In November 2015, the Delaware Supreme Court bolstered the protection afforded to majority or controlling stockholders seeking to buy out the minority, provided that the transaction is structured in accordance with the requirements it had earlier set forth in Kahn v. M&F Worldwide Corp., 88 A.3d 635 (Del. 2014) (MFW). In a summary order, the court affirmed Vice Chancellor J. Travis Laster’s transcript ruling in Swomley v. Schlecht, C.A. No. 9355-VCL (Del. Ch. Aug. 27, 2014) (TRANSCRIPT), which held that it is appropriate to determine at the pleading stage whether a controlling stockholder transaction complies with MFW’s requirements and is, therefore, within the protective ambit of the business judgment rule. Swomley v. Schlecht, No. 180, 2015 (Del.

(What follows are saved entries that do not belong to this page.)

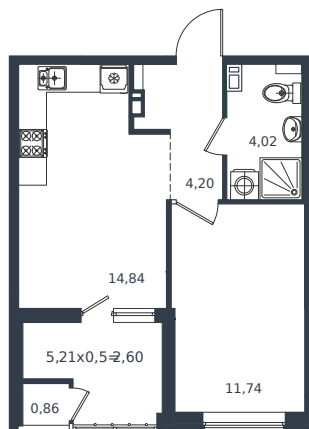

Квартира № 424

1 этаж

1К-квартира 38.26 м²

7 001 580 ₺

Проект	Микрорайон «Образцово»
Номер на этаже	424
Этаж	6 из 18
Корпус	Дом 5
Секция	1
Заселение	2026 г.
Отделка	Готовая отделка
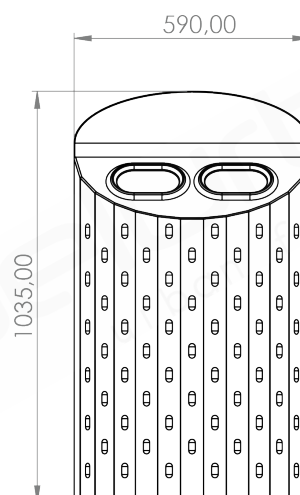

Optioneel

Toevoegen van asbak, verwerken van Logo & keuze uit wel of geen anti-aanplaknoppen. Verkrijgbaar in verschillende varianten.

Nov. 19, 2015) (ORDER).

The court’s affirmance is significant because it resolves the issue raised by MFW’s Footnote 14 — which noted that the pleading in that action would have survived a motion to dismiss — that led at least some commentators to believe that whether a transaction complied with MFW’s structural requirements could only be decided on a motion for summary judgment or after a full trial on the merits. The Swomley affirmance confirms that the benefit of disposing with litigation challenging the transaction at the pleading stage is available to a controlling stockholder who chooses to comply with MFW by providing minority stockholders with the protections afforded by the combination of an independent special committee and a “majority-of-the-minority” vote.

The ‘MFW Standard’ for Reviewing Controlling Stockholder Transactions

Although it had been nibbling at the question since 2005’s In re Cox Communications, Inc. Shareholders Litigation, 879 A.2d 604 (Del. Ch. 2005), in its 2013 opinion in In re MFW Shareholders Litigation, 67 A.3d 496 (Del. Ch. 2013), aff’d, Kahn v. M&F Worldwide Corp., 88 A.3d 635 (Del. 2014), the Delaware Court of Chancery squarely addressed the issue of what standard of review should apply to a going-private merger conditioned upfront by the controlling stockholder on approval by both a properly empowered, independent committee and an informed, uncoerced majority-of-the-minority.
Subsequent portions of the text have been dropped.